Blitzstein’s partner was ready to back out
Thursday, April 29, 1999 | 11:07 a.m.
By the time Joe DeLuca wanted to back out of the scheme to rob and kill his business partner, Herbert Blitzstein, it was too late.
"Herbie was going to be burglarized and then killed," DeLuca told a U.S. District Court jury. "I didn't want this to happen -- the burglary, the killing, kicking him out. I didn't want it to happen."
But it did. On Jan. 6, 1997, using a key and security alarm code obtained from DeLuca, two men entered the home of reputed Chicago mob associate Blitzstein, then shot him in the head three times, authorities said.
On trial this week are Robert Panaro and Stephen Cino, two men with whom DeLuca said he and Blitzstein conducted business. They are among 19 people charged with various racketeering and conspiracy violations in a 50-count federal indictment handed down in February 1998.
DeLuca pleaded guilty to racketeering and other property crimes in 1997. He testified today and Wednesday as part of a plea agreement and faces 12 1/2years in prison.
DeLuca said Panaro and Cino are members of a Buffalo organized crime family -- one of two mob families whose members wanted to take over Blitzstein's lucrative loan-sharking business.
DeLuca and Blitzstein ran an auto repair shop where they did legitimate repairs but also rolled-back odometers on used cars they re-sold. They also ran an insurance fraud scheme, DeLuca said.
Today, John Fadgen, Panaro's attorney, asked DeLuca why he got into business with Blitzstein.
"You knew in the past he had been a No. 2 man for the Chicago mob. You knew that he was an enforcer for the Chicago mob in the 1970s. And you knew he had worked in all kinds of illegal activity with organized crime families. And yet you decided you and he would go into the auto repair business together?" Fadgen said. "Did Herbie even know what a carburetor was?"

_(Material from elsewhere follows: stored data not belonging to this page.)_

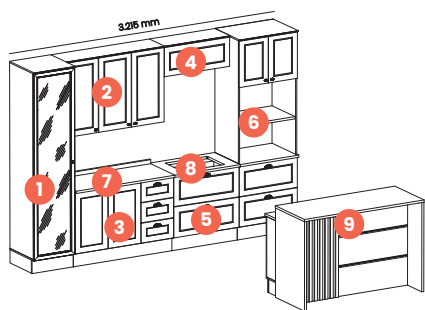

Total do Ambiente: **R\$ 15.263**

Dobradiças de
35 mm com
amortecimento

100%
MDF

Americana

Cozinha

Qt.	Ref.	Descrição	Valor	Qt.	Ref.	Descrição	Valor	
1	1x	C373-05	R\$ 2.401	7	2x	C905-128	Tampo para Balcão 1.200 mm	R\$ 406
2	1x	C352-05	R\$ 1.297	8	1x	C908-128	Tampo para Cooktop 800 mm	R\$ 271
3	2x	C353-05	R\$ 1.807	9	1x	C630-05	Bancada Gourmet	R\$ 2.057
4	1x	C354-05	R\$ 520	10	1x	C362-05	Balcão Porta Toalha 200 mm	R\$ 467
5	1x	C371-05	R\$ 1.105	11	1x	C900-128	Tampo para Balcão 200 mm	R\$ 127
6	1x	C351-156	R\$ 2.277

DeLuca said he didn't know.
Panaro, whose auto sales business shared the same building, was in on some of the deals, DeLuca said. Cino also was involved in some of the auto deals and was a close associate of Panaro's, DeLuca said.
Blitzstein used cash from the auto repair shop to back a high-interest loan business. DeLuca said he and Blitzstein split the profits from both enterprises evenly, cutting-in Panaro and Cino when the deals warranted it, he said.
In late 1996, Peter Caruso, a man described as being affiliated with a Los Angeles crime family, told DeLuca that Blitzstein was not sharing all of his profits with DeLuca.
Caruso and a man named John Branco wanted to take over Blitzstein's loan-sharking business, DeLuca said. After that proposal was presented to Panaro, it became a plan, DeLuca said.
"Bobby (Panaro) said they were going to take over the loan business. Pete said Herbie was going to get robbed, and if something happened to him, then oh well," DeLuca said.
DeLuca said he didn't trust Branco because he recalled a Chicago newspaper article that said Branco had cooperated with the government in an organized crime investigation.
"He was a rat," DeLuca said.
Branco, who has an extensive criminal history and ties to the Los Angeles mob, was wearing a federal-issue hidden microphone at a Jan. 4, 1997, breakfast meeting with DeLuca, Caruso, Panaro and Cino.
Seated inside a Denny's Restaurant in Las Vegas, they talked about how the business takeover and burglary of Blitzstein's home would happen. Blitzstein had a penchant for buying expensive jewelry and kept large sums of money in his home, and the men planned to split that too, DeLuca said.
During breakfast, Panaro said DeLuca could drop out of the deal anytime he wanted to. But DeLuca said he stayed because of what Panaro said next.
"He said they would do it their own way. I knew that meant I would be the weak link," DeLuca told jurors. "They would take me out."
On Jan. 5 -- Panaro's birthday -- DeLuca interrupted the family's celebration to tell Panaro he wanted the whole thing stopped.
The next day, DeLuca and Blitzstein went to work as usual. They ran errands and ate lunch together. DeLuca said at the end of the day, he told Blitzstein about the plan to take over his loan business but said nothing of the murder.
"He told me to watch my back," DeLuca said.
But DeLuca didn't care enough to watch Blitzstein's back, Fadgen said.
"You knew your closest friend, your father figure, was going to be dead that night," Fadgen said. "But you only told him about half the plan."
Testimony continues today in the trial that is expected to last four weeks.